In [25]:
from transformers import CLIPProcessor, CLIPModel
from PIL import Image
import torch
import os
import matplotlib.pyplot as plt
import torch.nn as nn
import torch.nn.functional as F

In [26]:
# Check GPU availability
if torch.cuda.is_available():
    device = torch.device("cuda")
    print("Using GPU:", torch.cuda.get_device_name(0))
else:
    device = torch.device("cpu")
    print("Using CPU")

Using GPU: NVIDIA L40


In [27]:
from collections import namedtuple

# Define the Label class
Label = namedtuple('Label', ['name', 'id', 'trainId', 'category', 'catId', 'hasInstances', 'ignoreInEval', 'color'])

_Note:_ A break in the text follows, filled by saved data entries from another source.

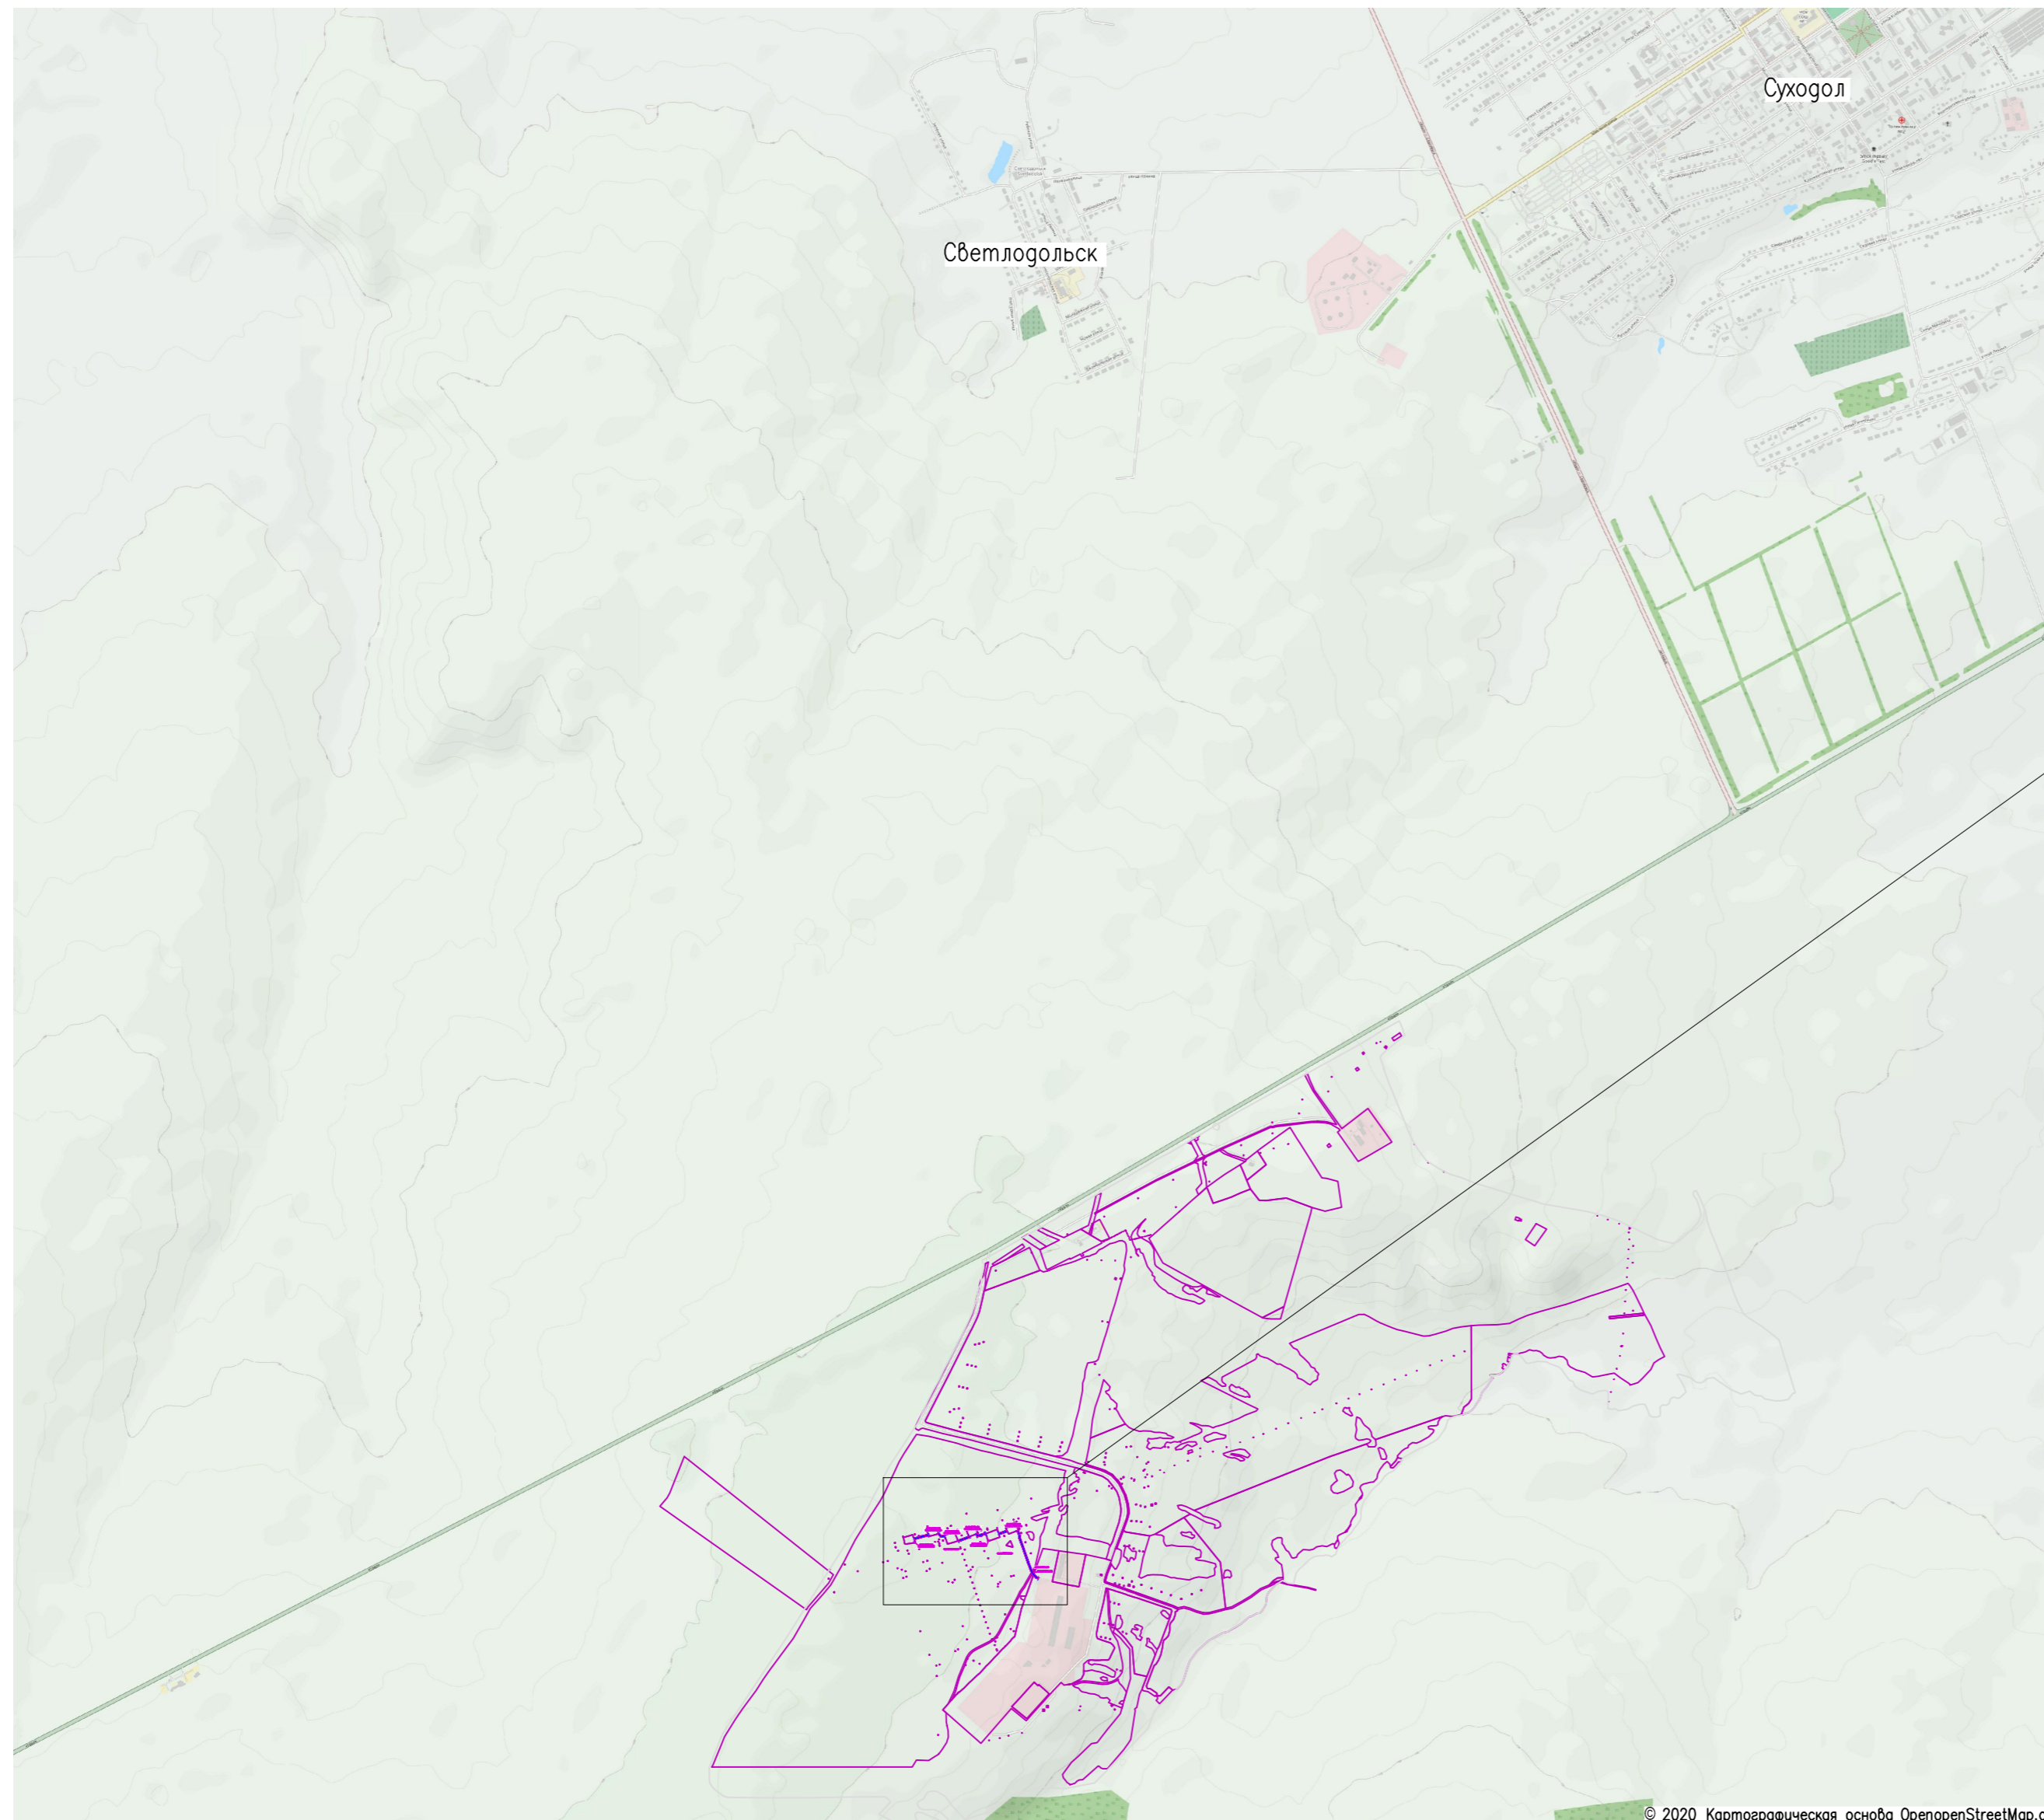

Самарская область
Сергиевский район
КС "Сергиевская"

Условные обозначения

границы земельных участков по сведениям ЕГРН

границы планируемого размещения линейных объектов
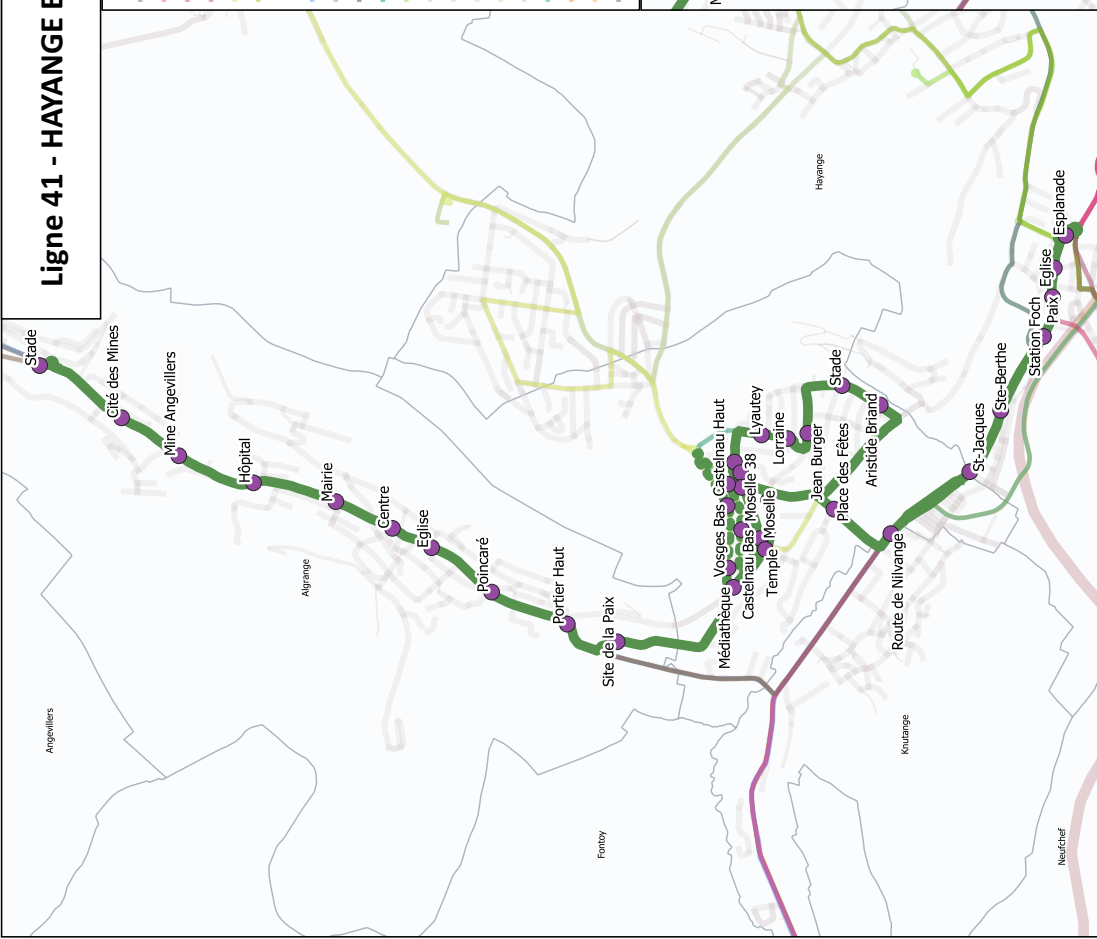

# Ligne 41 - HAYANGE Esplanade - ALGRANGE Stade via NILVANGE

- Lignes structurantes**
- Ligne S04 - Hayange Ferialia - Algrange Terminus
  - Ligne S05 - Fontoy Super U - Hayange Hôpital
  - Ligne S20 - Thionville Foch - Neufchef Terminal
  - Ligne S21 - Thionville Foch - Hayange St-Nicolas-en-Forêt
  - Ligne S22 - Thionville Foch - Hayange Cité des Grands Bois via Konacker
  - Ligne S23 - Thionville Foch - Hayange Cité des Grands Bois via Mairsplich
- Lignes complémentaires**
- Ligne 32 - Lommerange Cimetièrre - Hayange Hurlevent
  - Ligne 34 - Rochonvillers Centre - Hayange Hurlevent
  - Ligne 40 - Fontoy Collège - Thionville la Malgrange via Thionville Foch
  - Ligne 42 - Hayange Esplanade - Fameck Lycée St-Exupéry via Ranguevoux
  - Ligne 43 - Bertrange Carrefour - Hayange LEP Manryse Bastié
  - Ligne 45 A - Hayange Esplanade - Hayange Collège Jacques Monod via Lavoir
  - Ligne 45 B - Hayange Esplanade - Hayange Collège Jacques Monod via Stade et Bruhi
  - Ligne 47 - Algrange Portier Haut - Thionville Foch via A31
  - Ligne 48 - Hayange Esplanade - Fameck Lycée St-Exupéry via Serémange-Errange
  - Ligne 49 - Nilvange Vosges Haut - Fameck Lycée St-Exupéry via A30
  - Ligne 52 - Boulange Cité du Bois - Hayange Hurlevent
  - Ligne 54 - Boulange Croix - Fameck Lycée St-Exupéry via A30
  - Ligne 71 - Gandrange Peupliers - Angevillers Place
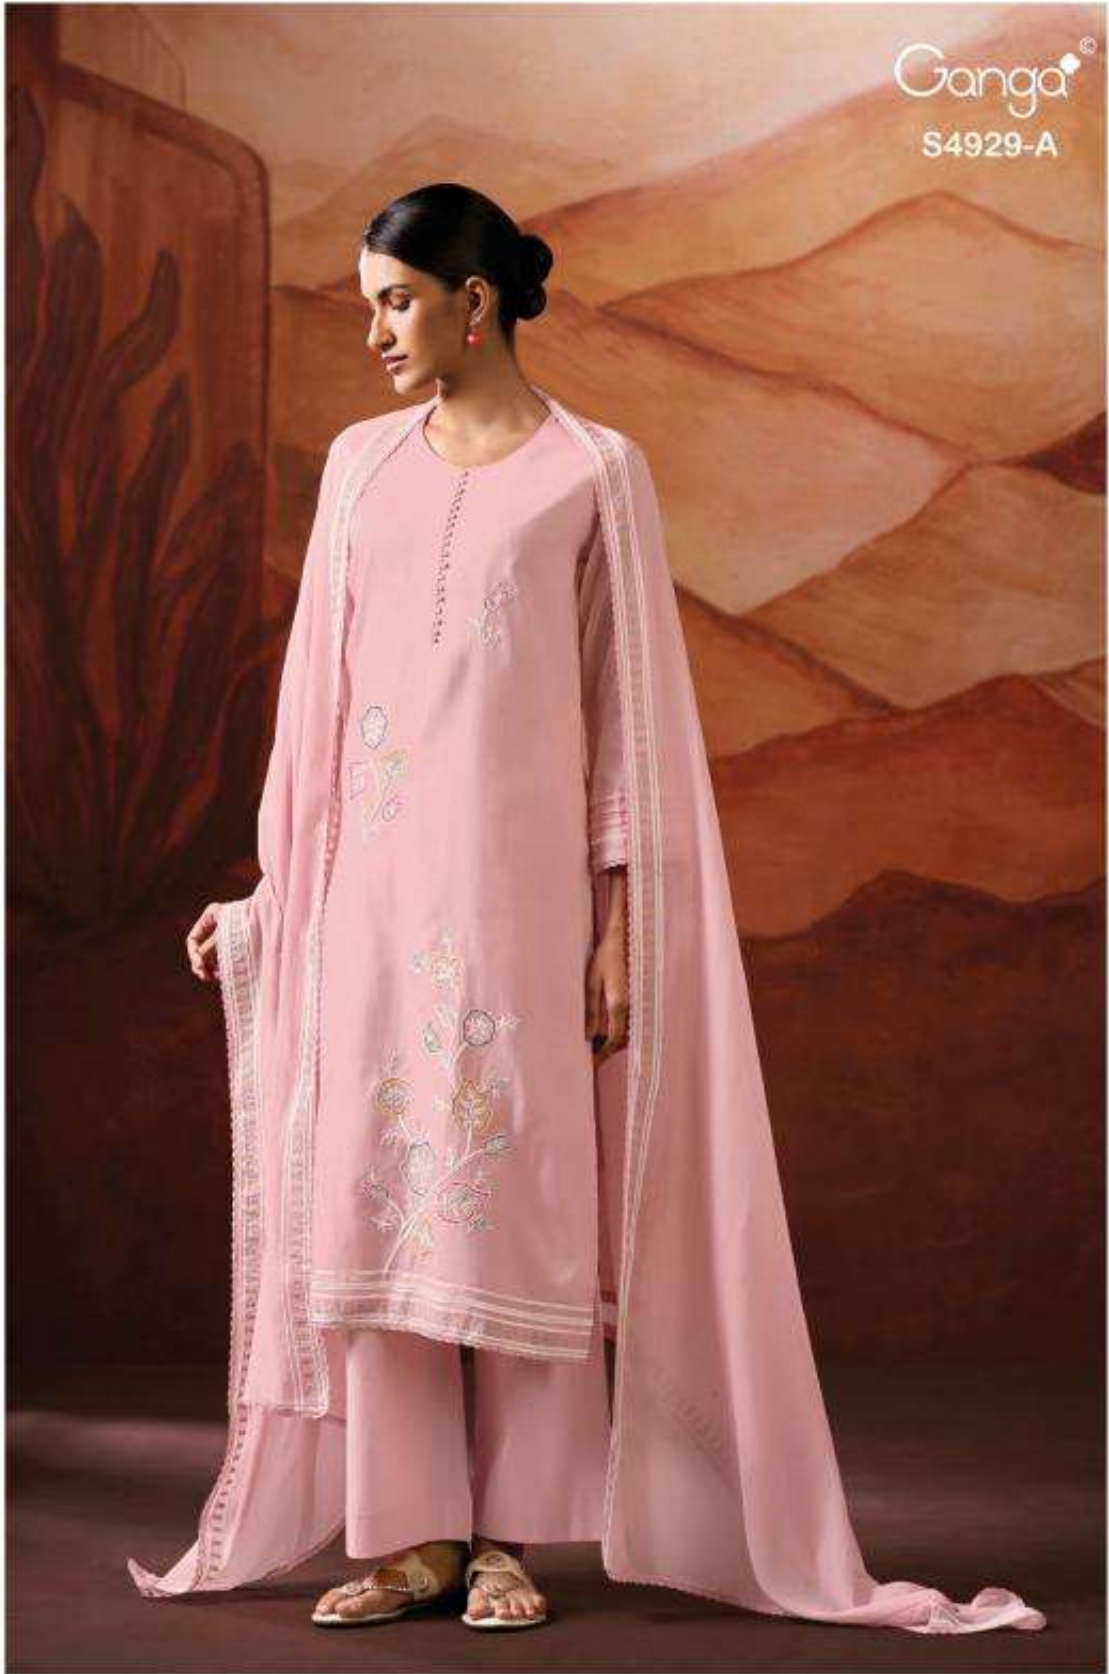

Ganga®
S4929-D

S4929-A

S4929-B

4929-C

S4929-D

Ganga®
Kylisse
S4929- A/B/C/D

Ganga®
S4929-D

Ganga®
S4929-C

Ganga®
S4929-B

Ganga®
S4929-A

Ganga®

Ganga®
Kylisse
S4929

Kylisse
S4929

DESCRIPTION

~TOP~

PREMIUM PURE BEMBERG MUL SOLID COLOR WITH EMBROIDERY, EMBROIDERY & CROCHET LACE ON DAMAN & SLEEVES.

~BOTTOM~

PREMIUM COTTON SOLID COLOR.

~DUPATTA~

PREMIUM PURE BEMBERG MUL SOLID COLOR WITH EMBROIDERY CROCHET LACE BORDER.

WHOLESALE PRICE
2150/- EACH+GST(EXTRA)

HSN CODE- 540834

MOQ : 64 PCS

TOTAL SUITS-04

# List of Cityscapes labels
labels = [
    Label('unlabeled', 0, 255, 'void', 0, False, True, (0, 0, 0)),
    Label('ego vehicle', 1, 255, 'void', 0, False, True, (0, 0, 0)),
    Label('rectification border', 2, 255, 'void', 0, False, True, (0, 0, 0)),
    Label('out of roi', 3, 255, 'void', 0, False, True, (0, 0, 0)),
    Label('static', 4, 255, 'void', 0, False, True, (111, 74, 0)),
    Label('dynamic', 5, 255, 'void', 0, False, True, (81, 0, 81)),
    Label('ground', 6, 255, 'void', 0, False, True, (81, 0, 81)),
    Label('road', 7, 0, 'flat', 1, False, False, (128, 64, 128)),
    Label('sidewalk', 8, 1, 'flat', 1, False, False, (244, 35, 232)),
    Label('parking', 9, 255, 'flat', 1, False, True, (250, 170, 160)),
    Label('rail track', 10, 255, 'flat', 1, False, True, (230, 150, 140)),
    Label('building', 11, 2, 'construction', 2, False, False, (70, 70, 70)),
    Label('wall', 12, 3, 'construction', 2, False, False, (102, 102, 156)),
    Label('fence', 13, 4, 'construction', 2, False, False, (190, 153, 153)),
    Label('guard rail', 14, 255, 'construction', 2, False, True, (180, 165, 180)),
    Label('bridge', 15, 255, 'construction', 2, False, True, (150, 100, 100)),
    Label('tunnel', 16, 255, 'construction', 2, False, True, (150, 120, 90)),
    Label('pole', 17, 5, 'object', 3, False, False, (153, 153, 153)),
    Label('polegroup', 18, 255, 'object', 3, False, True, (153, 153, 153)),
    Label('traffic light', 19, 6, 'object', 3, False, False, (250, 170, 30)),
    Label('traffic sign', 20, 7, 'object', 3, False, False, (220, 220, 0)),
    Label('vegetation', 21, 8, 'nature', 4, False, False, (107, 142, 35)),
    Label('terrain', 22, 9, 'nature', 4, False, False, (152, 251, 152)),
    Label('sky', 23, 10, 'sky', 5, False, False, (70, 130, 180)),
    Label('person', 24, 11, 'human', 6, True, False, (220, 20, 60)),
    Label('rider', 25, 12, 'human', 6, True, False, (255, 0, 0)),
    Label('car', 26, 13, 'vehicle', 7, True, False, (0, 0, 142)),
    Label('truck', 27, 14, 'vehicle', 7, True, False, (0, 0, 70)),
    Label('bus', 28, 15, 'vehicle', 7, True, False, (0, 60, 100)),
    Label('caravan', 29, 255, 'vehicle', 7, True, True, (0, 0, 90)),
    Label('trailer', 30, 255, 'vehicle', 7, True, True, (0, 0, 110)),
    Label('train', 31, 16, 'vehicle', 7, True, False, (0, 80, 100)),
    Label('motorcycle', 32, 17, 'vehicle', 7, True, False, (0, 0, 230)),
    Label('bicycle', 33, 18, 'vehicle', 7, True, False, (119, 11, 32)),
    Label('license plate', -1, -1, 'vehicle', 7, False, True, (0, 0, 142)),
]


In [28]:
# Create a mapping from class name to trainId
name_to_trainId = {label.name: label.trainId for label in labels}


In [29]:
# Load pre-trained CLIP model and processor
model = CLIPModel.from_pretrained("openai/clip-vit-base-patch32")
processor = CLIPProcessor.from_pretrained("openai/clip-vit-base-patch32")
model = model.to(device)

In [30]:
current_directory = os.getcwd()
print("Current working directory:", current_directory)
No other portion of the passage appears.